C. arnensis was a medium-sized canid, with a close affinity to modern canids. It had a slightly smaller cranial length than both C. etruscus and the extant C. lupus. C. arnensis featured a lower and more pronounced forehead, with less-developed sagittal and nuchal crests and a bulkier braincase than C. etruscus; in addition, the nasal bones were found to be shorter, stopping short of the maxillofrontal suture.

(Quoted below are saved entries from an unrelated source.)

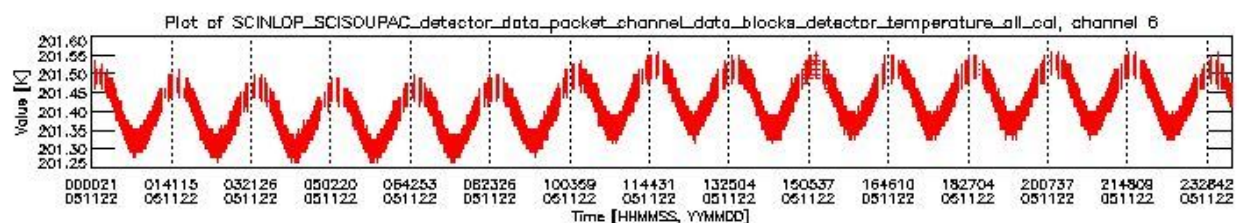

0.1.1 Report summary

The table below shows general characteristics of the data that are included into this report.

Item	Value
Report version	vdraft_20050403
Time of report generation	26NOV2005 04:50:16
Data source version	PFHS/5.34-N
Processing scope for products	22NOV2005 00:00:00 to 23NOV2005 00:00:00
Start time of first product within scope	21NOV2005 23:46:00
Stop time of last product within scope	23NOV2005 00:55:15
Total number of level 0 products	17
Number of level 0 products with errors	17

0.2 Product Quality Indicators

This section shows information about product quality, currently temperatures.

sciamachy_daily_report_level0_PFHS_5_34_N_20051122_0.PNG

sciamachy_daily_report_level0_PFHS_5_34_N_20051122_1.PNG

sciamachy_daily_report_level0_PFHS_5_34_N_20051122_2.PNG

sciamachy_daily_report_level0_PFHS_5_34_N_20051122_3.PNG

0.3 State monitoring

No instrument tracking information available.

0.4 ADF monitoring

This section shows the (variation in) ADFs used for each of the products. It consists of:

- A table showing which ADFs were used for processing (red values indicate that multiple ADFs of the same type were used)
- Various time line plots, one for each ADF, which show when which ADF was used.
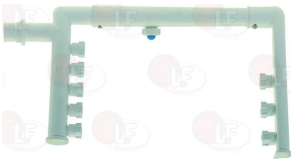

RANCILIO 36240005

3743281 WASH ARM
for Glasswasher/Cupwasher (RANCILIO) LT100 - LT110
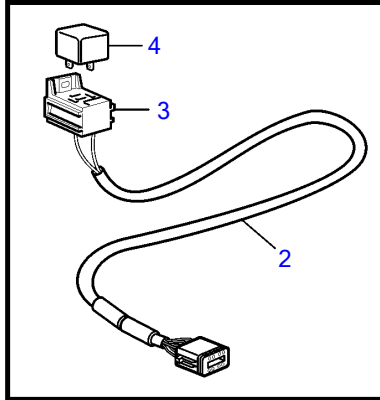

V8-225-CE-A, V8-300-CE-A, V8-320-CE-A

V8-225-CE-A, V8-300-CE-A, V8-320-CE-A

REF	PART NO.	QTY	DESCRIPTION	SEE SEC.	NOTES
1	21825662	1	Cable		Y-split, multisensor
2	21427463	1	Cable		Auxiliary relay
3	977184	1	• Housing		
4	873765	1	Relay		12V
5	3889410	1	Extension cable'verl		L=1.5m
	3842733	1	Extension cable'verl		L=3.0m
	3842734	1	Extension cable'verl		L=5.0m
	3842735	1	Extension cable'verl		L=7.0m
	3842736	1	Extension cable'verl		L=9.0m
	3842737	1	Extension cable'verl		L=11.0m
	21172469	1	Extension cable'verl		L=20m
	21172470	1	Extension cable'verl		L=40m
6	21421945	1	Cable		Steering adapter
7	3588972	1	Cable kit		Y-connector bus cable, 6-pole., L=0.5m
	874960	2	• Housing		
	874959	1	• Housing		
8	3886666	1	Cable, multilink		L=1.5m
	21166002	1	Wiring harness, multilink		7m
	21166003	1	Wiring harness, multilink		9m
	21166004	1	Wiring harness, multilink		13m
9	3588206	1	Cable kit, y-split		
10	21865234	1	Cable		L=1.5m
	874789	1	Cable kit		L=5.0m
	889550	1	Cable		L=7.0m
	889551	1	Cable		L=9.0m
	889552	1	Cable		L=11.0m
	888013	1	Cable		L=13.0m
11	21460908	1	Converter		A-can converter
12	21480272	1	Cable		Extension cable, 6 pin. 1.5m, steering
13	3848966	1	Control unit		Dimmer unit
			• Bulletin P-38-1-1	P-38-1-1-EN	ADU - Automatic Dimmer Unit
14	21469055	1	Connection block		Multi-link hub
15	21825714	1	Terminal		
16	21287072		Wiring harness		T-cable, Multi-link hub
	874960	3	• Housing		
17	21427460	1	Cable		T-cable, Datalink
18	874759	1	Extension cable'verl		extension cable, Easy-link gauges, L=1.0m
	3807043	1	Extension cable'verl		extension cable, Easy-link gauges, L=3.0m

C. arnensis and C. etruscus have been compared, as they are morphologically similar and are believed to have spread to Western Europe together during the so-called "Canis Event". Morphometric analysis of the cranium and upper teeth show that both C. arnensis and C. etruscus showed characteristics of an intermediate between extant wolves and jackals, with C. arnensis being slightly more jackal-like and C. etruscus slightly more wolf-like; however, in some cranial characteristics, C. arnensis is more wolf-like.

==Paleoecology==
The dispersal of carnivoran species occurred approximately 1.8 million years ago and this coincided with a decrease in precipitation and an increase of annual seasonality which followed the 41,000 year amplitude shift of Milankovitch cycles. First to arrive was C. etruscus, which was immediately followed by C. arnensis and Lycaon falconeri and then by the giant hyena (Pachycrocuta brevirostris). These were all better adapted to open, dry landscapes than the two more primitive canini Eucyon and Nyctereutes that they replaced in Europe.

==Range==

The first identification of C. arnensis followed the discovery of a fossil in the Upper Valdarno. Fossils of the species have only been found in the period of time known as the Tasso Faunal Unit of Italy. The species was endemic to Mediterranean Europe and lived during the Early Pleistocene era. It is believed that C. arnensis spread across Europe as the result of a dispersal event which populated the continent with the first modern canids. The species arrived in Italy around 1.9 Ma and was homogenized across southern Europe during the late Villafranchian.

==Extinction==
Canis arnensis and the Etruscan wolf both disappeared from the fossil record in Italy after the end of the Tasso Faunal Unit and were replaced by the mid-Pleistocene era Mosbach wolf (C. mosbachensis Soergel, 1925) by 1.5 million years ago.